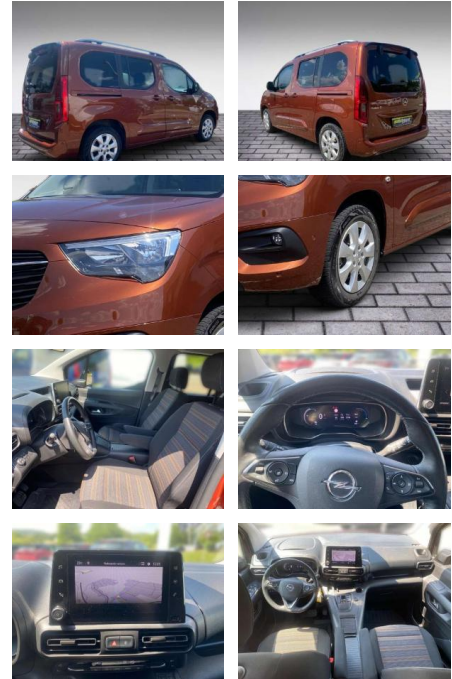

## Opel Combo-e Life - e Ultimate

JB03-950223 **Angebotsnr.:**

Erstzulassung:	Kilometer:	Farbe:	Leistung:	Kraftstoffart:
01.02.2022	15.160	Braun	100 kW / 136 PS	Benzin

**PREIS**  
**32.390 €**

**FINANZIERUNGSBEISPIEL**  
Laufzeit: 48 Monate      Anzahlung: 25 %  
Basis-Finanzierung:\*      Mtl. Rate:  
Zielraten-Finanzierung:\*\* **263 €**

:: Directions for this task ::
Could every record be given again exactly, with its pictures left out?

:: Written answer ::
## Opel Combo-e Life - e Ultimate

JB03-950223 **Angebotsnr.:**

Erstzulassung:	Kilometer:	Farbe:	Leistung:	Kraftstoffart:
01.02.2022	15.160	Braun	100 kW / 136 PS	Benzin

**PREIS**  
**32.390 €**

**FINANZIERUNGSBEISPIEL**  
Laufzeit: 48 Monate      Anzahlung: 25 %  
Basis-Finanzierung:\*      Mtl. Rate:  
Zielraten-Finanzierung:\*\* **263 €**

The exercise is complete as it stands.